**Task statement**
Take the line that contains "TELESCOPIC GOAT GATE**" and all lines after it, up to and including the last line of the data, and write them out exactly; nothing else belongs in the answer.

[Input for this task Boundary: Start]

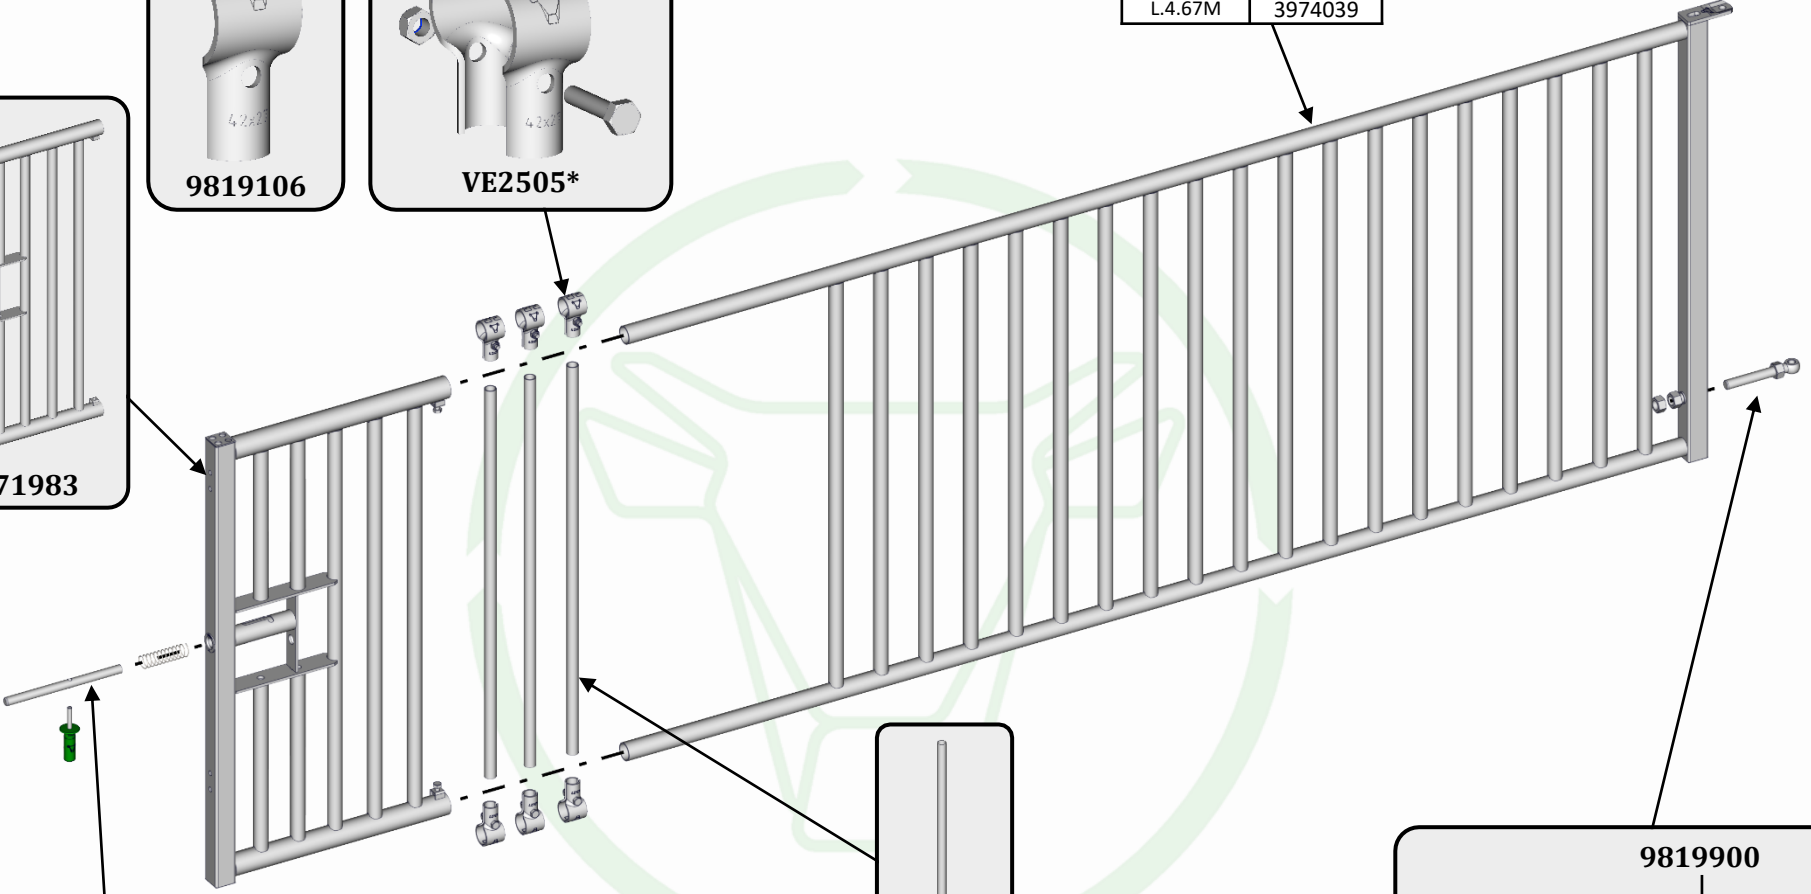

L.2.67M	3974037
L.3.67M	3974038
L.4.67M	3974039

**BARRED TELESCOPIC GOAT GATE**

THIS DOCUMENT IS THE EXCLUSIVE PROPERTY OF JOURDAIN SAS, IT IS PROVIDED ON A CONFIDENTIAL BASIS. IT MUST NEITHER BE COPIED, NOR DISCLOSED TO A THIRD PARTY WITHOUT OUR WRITTEN AUTHORISATION

[Input for this task Boundary: End]

**Task result**
**BARRED TELESCOPIC GOAT GATE**

THIS DOCUMENT IS THE EXCLUSIVE PROPERTY OF JOURDAIN SAS, IT IS PROVIDED ON A CONFIDENTIAL BASIS. IT MUST NEITHER BE COPIED, NOR DISCLOSED TO A THIRD PARTY WITHOUT OUR WRITTEN AUTHORISATION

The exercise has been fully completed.